Brief:
Show every line from the entries that follow which holds the word "UUSI".

(Material to process Opens)

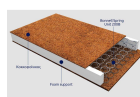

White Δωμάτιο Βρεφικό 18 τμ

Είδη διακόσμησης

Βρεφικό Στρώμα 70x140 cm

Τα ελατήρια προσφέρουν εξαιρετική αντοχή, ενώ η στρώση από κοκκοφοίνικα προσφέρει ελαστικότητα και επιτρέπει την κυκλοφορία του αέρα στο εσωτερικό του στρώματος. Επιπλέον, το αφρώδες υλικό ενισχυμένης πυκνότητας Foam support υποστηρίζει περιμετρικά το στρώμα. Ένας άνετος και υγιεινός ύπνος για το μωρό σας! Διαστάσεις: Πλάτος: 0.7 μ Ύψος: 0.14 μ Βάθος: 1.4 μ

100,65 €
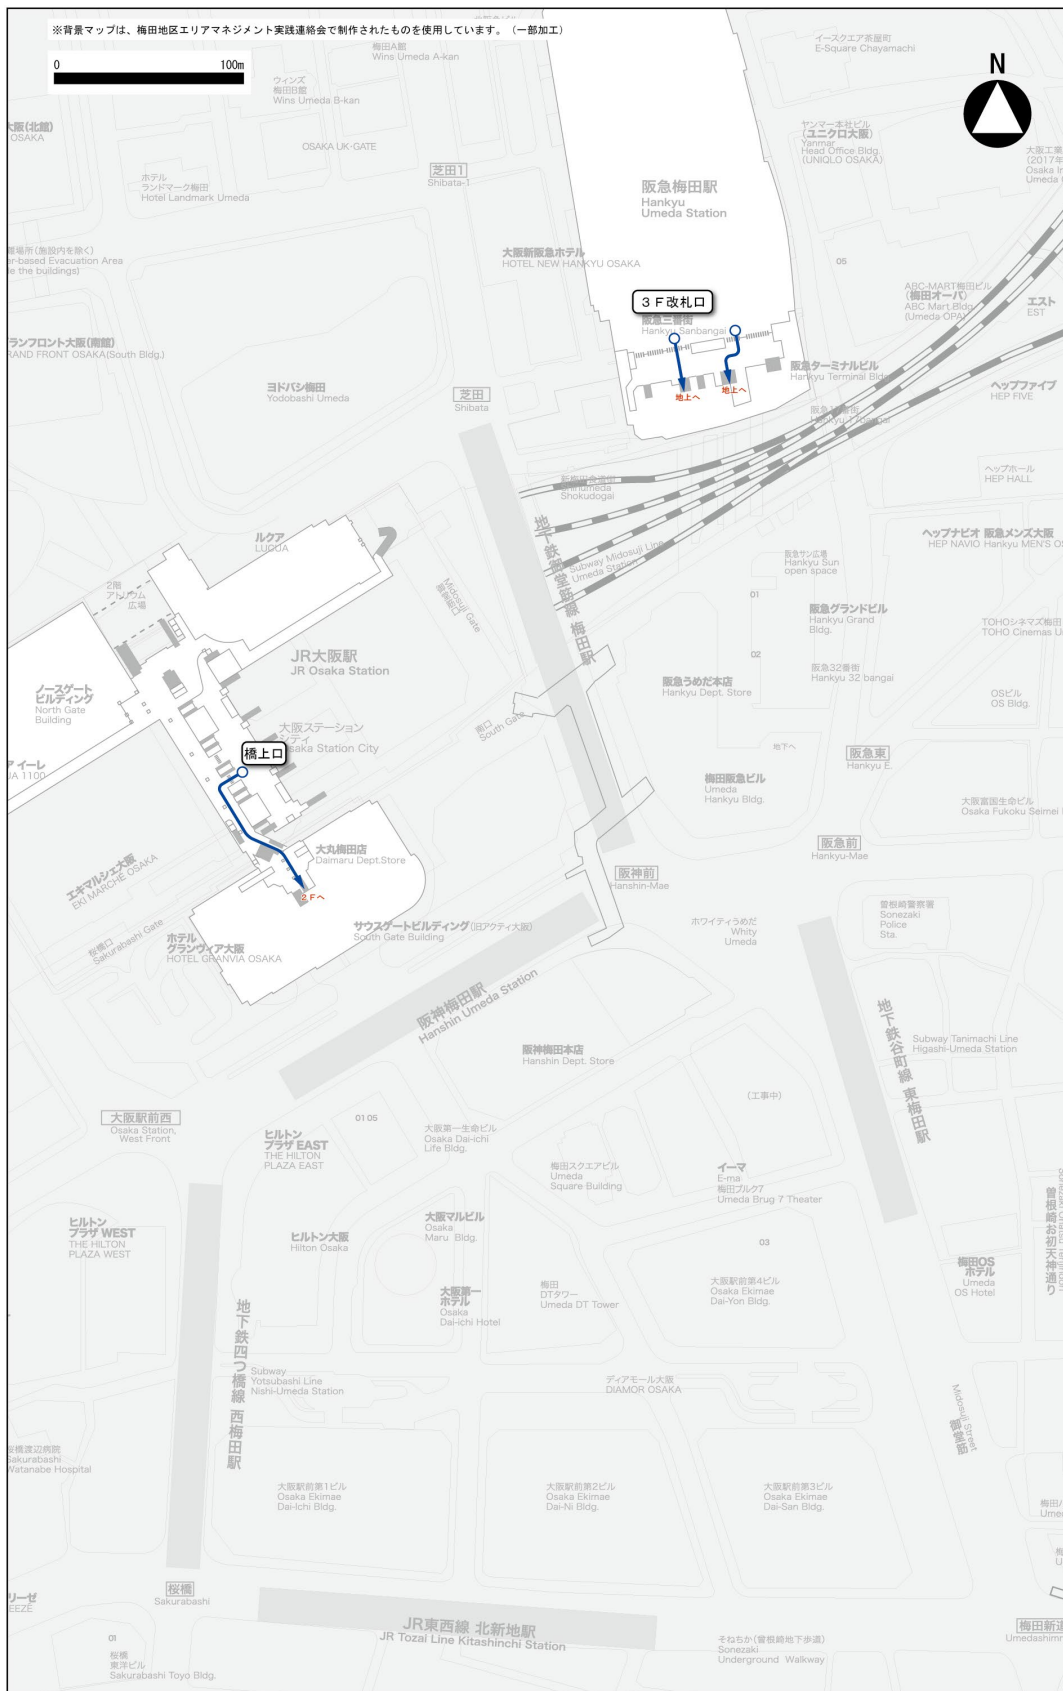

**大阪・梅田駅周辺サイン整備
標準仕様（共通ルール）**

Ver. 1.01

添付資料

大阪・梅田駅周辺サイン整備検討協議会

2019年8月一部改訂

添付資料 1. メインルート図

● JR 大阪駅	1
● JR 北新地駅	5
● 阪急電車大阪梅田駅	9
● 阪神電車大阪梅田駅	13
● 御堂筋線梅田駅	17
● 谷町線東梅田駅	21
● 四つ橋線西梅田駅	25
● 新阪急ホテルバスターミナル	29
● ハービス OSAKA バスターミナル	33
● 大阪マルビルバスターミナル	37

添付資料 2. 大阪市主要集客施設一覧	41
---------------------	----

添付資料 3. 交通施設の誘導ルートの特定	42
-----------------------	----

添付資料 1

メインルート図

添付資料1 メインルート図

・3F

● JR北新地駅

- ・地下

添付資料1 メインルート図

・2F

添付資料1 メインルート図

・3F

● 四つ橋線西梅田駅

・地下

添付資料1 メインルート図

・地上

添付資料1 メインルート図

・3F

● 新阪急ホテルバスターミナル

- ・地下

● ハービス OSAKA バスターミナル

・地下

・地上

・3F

(Material to process Closes)
(Material to process Opens)

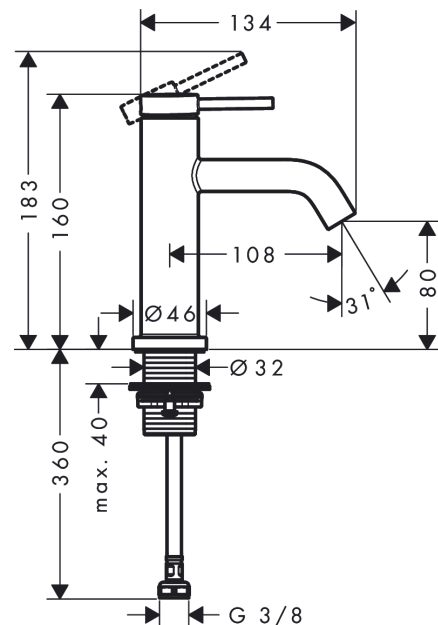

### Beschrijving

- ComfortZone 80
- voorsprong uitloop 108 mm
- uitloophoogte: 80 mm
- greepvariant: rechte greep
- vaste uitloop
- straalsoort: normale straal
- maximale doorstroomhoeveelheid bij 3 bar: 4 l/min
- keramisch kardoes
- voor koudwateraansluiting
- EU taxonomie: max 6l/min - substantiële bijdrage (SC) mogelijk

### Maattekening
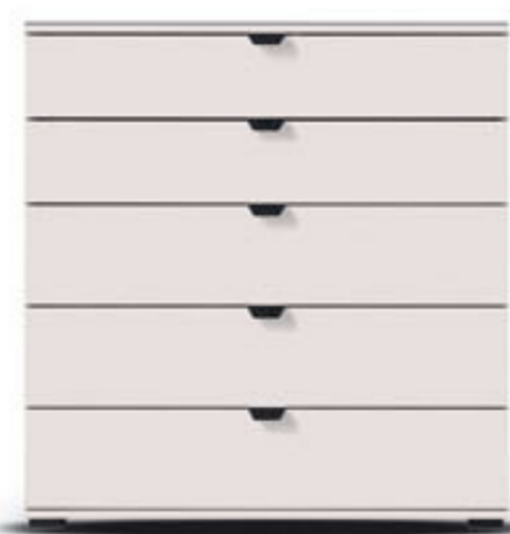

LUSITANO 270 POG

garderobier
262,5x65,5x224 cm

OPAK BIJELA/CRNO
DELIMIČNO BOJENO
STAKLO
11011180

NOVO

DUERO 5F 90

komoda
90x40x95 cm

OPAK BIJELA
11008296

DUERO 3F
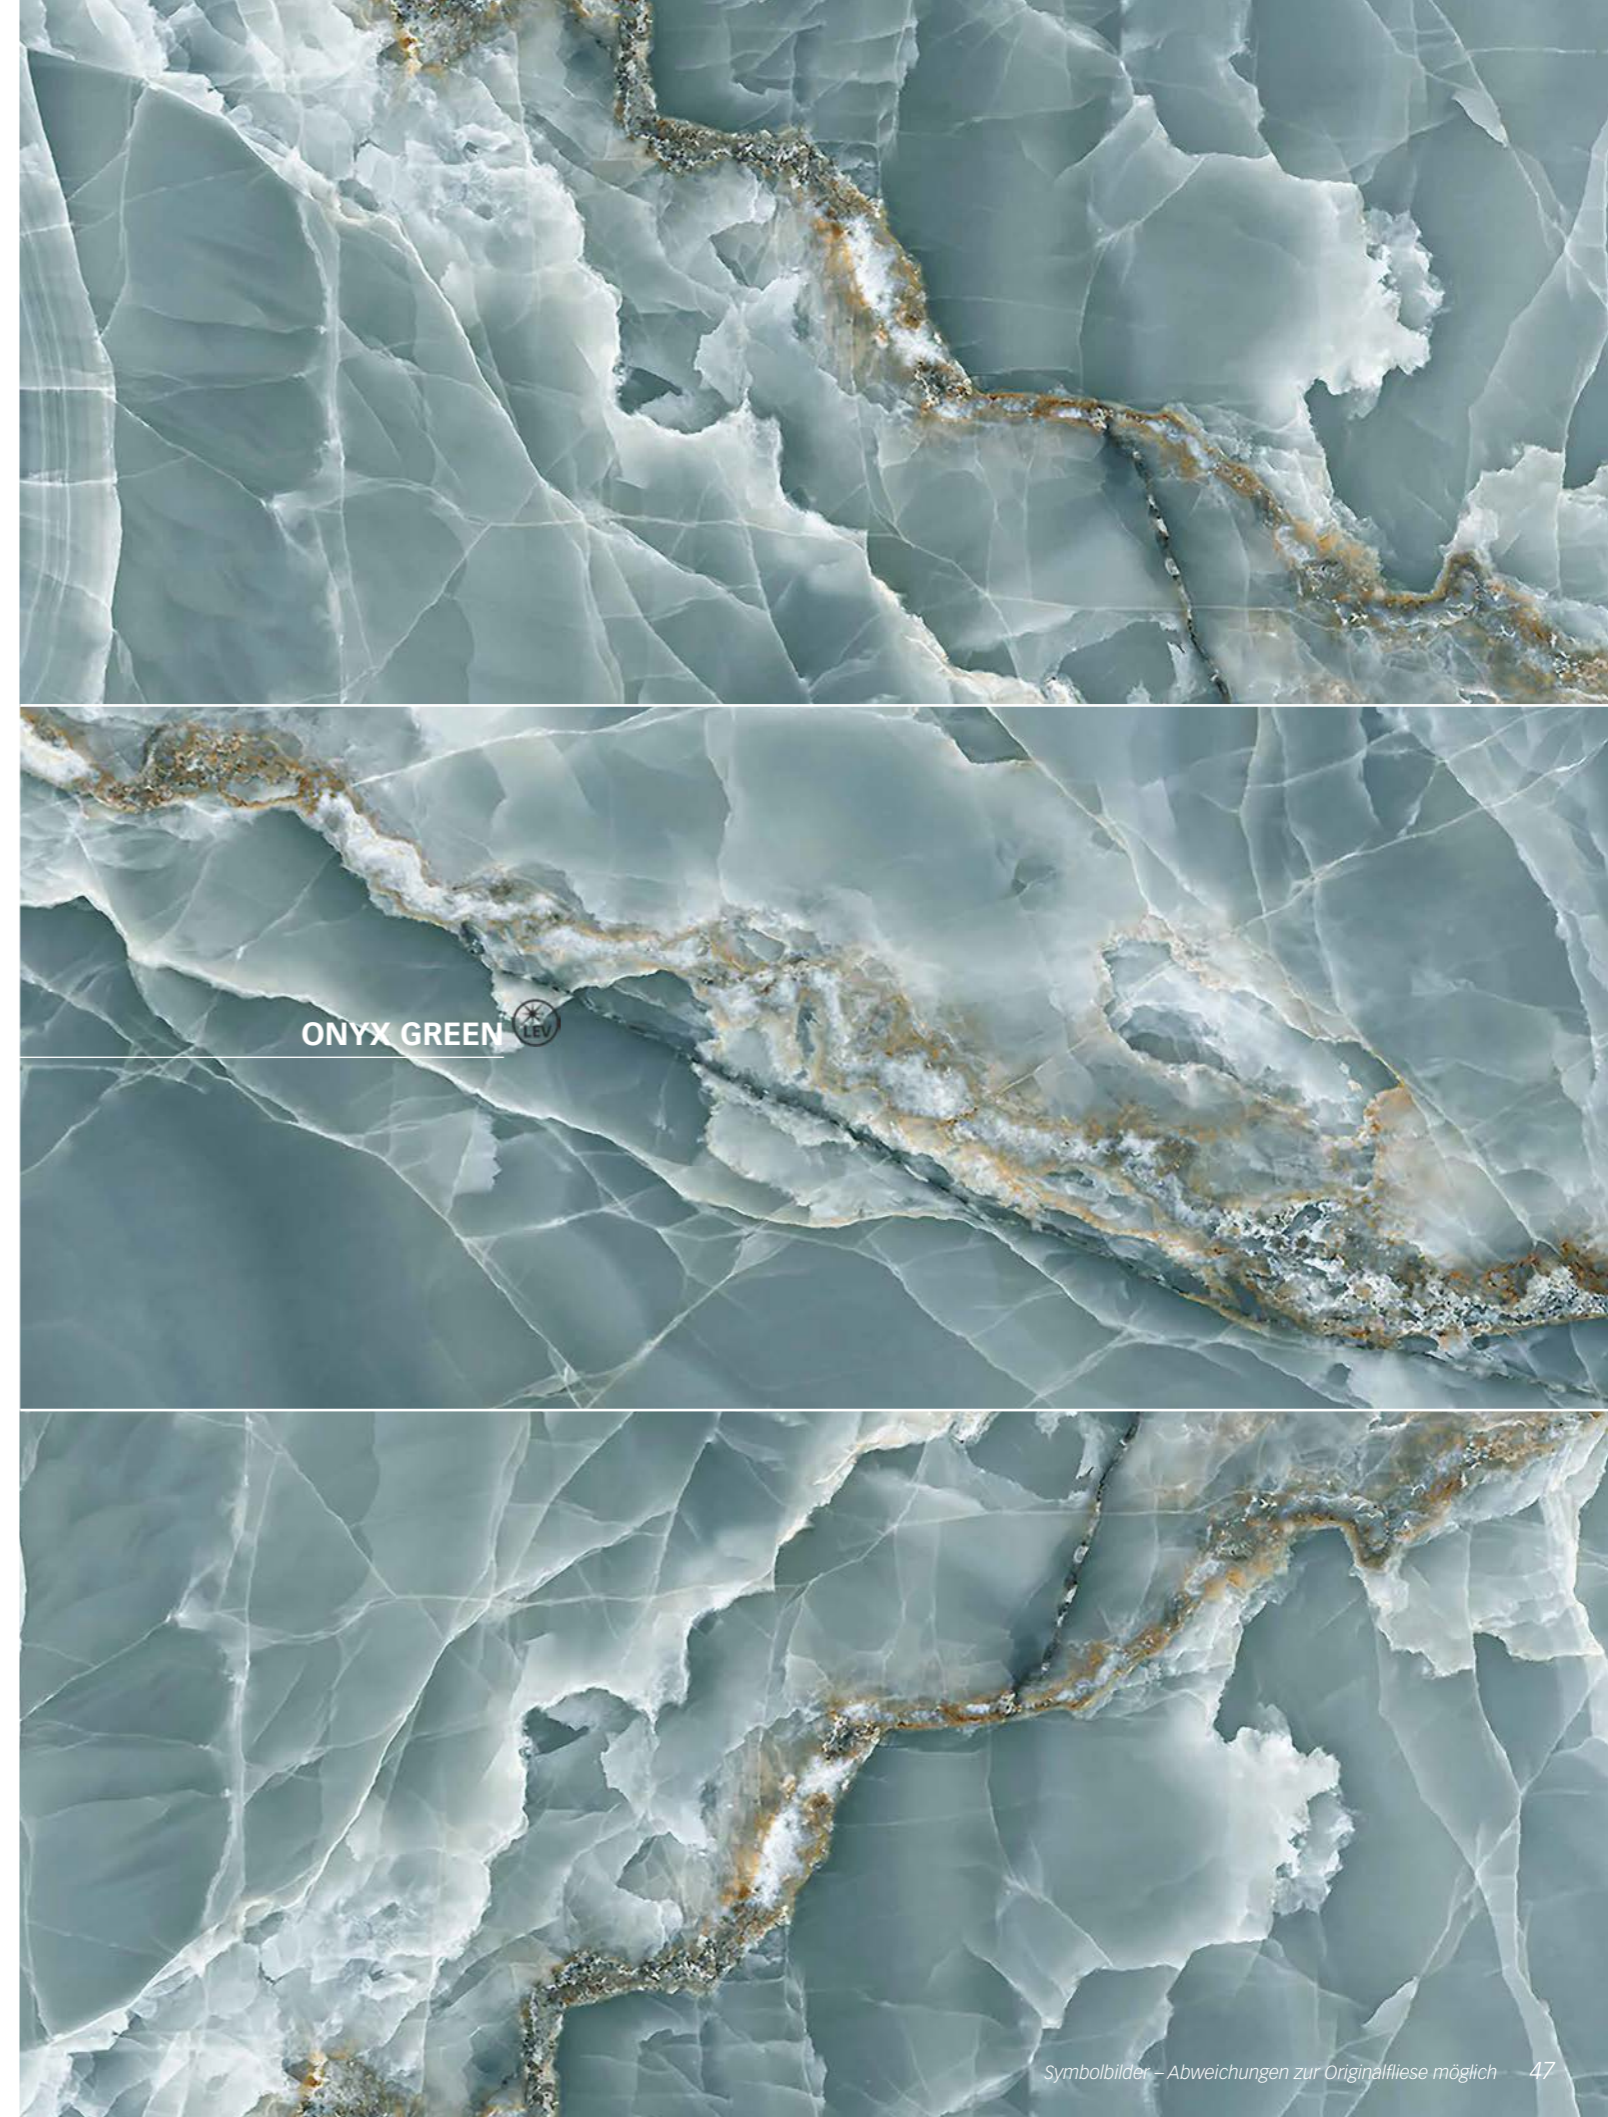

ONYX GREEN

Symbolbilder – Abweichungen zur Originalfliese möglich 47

(Material to process Closes)
(Material to process Opens)

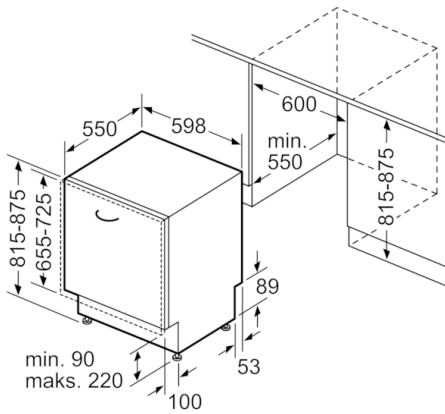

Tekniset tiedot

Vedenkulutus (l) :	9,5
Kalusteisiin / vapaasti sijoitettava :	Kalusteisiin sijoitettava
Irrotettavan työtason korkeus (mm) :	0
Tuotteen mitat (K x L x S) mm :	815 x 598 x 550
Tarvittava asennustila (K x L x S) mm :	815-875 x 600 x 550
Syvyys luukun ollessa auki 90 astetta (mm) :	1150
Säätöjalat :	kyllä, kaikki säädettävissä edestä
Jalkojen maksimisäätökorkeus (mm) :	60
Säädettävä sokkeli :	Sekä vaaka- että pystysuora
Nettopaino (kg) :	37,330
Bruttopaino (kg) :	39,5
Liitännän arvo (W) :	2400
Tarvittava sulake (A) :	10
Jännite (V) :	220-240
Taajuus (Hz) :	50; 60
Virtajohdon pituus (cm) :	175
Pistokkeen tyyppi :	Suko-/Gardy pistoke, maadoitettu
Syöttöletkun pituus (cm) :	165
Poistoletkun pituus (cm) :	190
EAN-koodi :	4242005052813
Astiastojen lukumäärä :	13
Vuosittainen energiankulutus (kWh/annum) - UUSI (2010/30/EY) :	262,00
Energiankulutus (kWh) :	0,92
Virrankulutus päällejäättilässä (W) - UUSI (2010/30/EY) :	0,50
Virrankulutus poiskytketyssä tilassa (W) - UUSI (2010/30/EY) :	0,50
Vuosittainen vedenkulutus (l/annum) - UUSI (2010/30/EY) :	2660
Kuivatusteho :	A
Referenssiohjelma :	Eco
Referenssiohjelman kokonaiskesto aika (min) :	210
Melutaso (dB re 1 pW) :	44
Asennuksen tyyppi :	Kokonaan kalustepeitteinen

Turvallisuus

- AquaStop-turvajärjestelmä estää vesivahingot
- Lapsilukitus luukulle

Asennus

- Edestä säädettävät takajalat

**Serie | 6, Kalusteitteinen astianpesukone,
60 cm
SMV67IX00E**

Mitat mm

(Material to process Closes)

Expected answer:
Vuosittainen energiankulutus (kWh/annum) - UUSI (2010/30/EY) :	262,00
Virrankulutus päällejäättilässä (W) - UUSI (2010/30/EY) :	0,50
Virrankulutus poiskytketyssä tilassa (W) - UUSI (2010/30/EY) :	0,50
Vuosittainen vedenkulutus (l/annum) - UUSI (2010/30/EY) :	2660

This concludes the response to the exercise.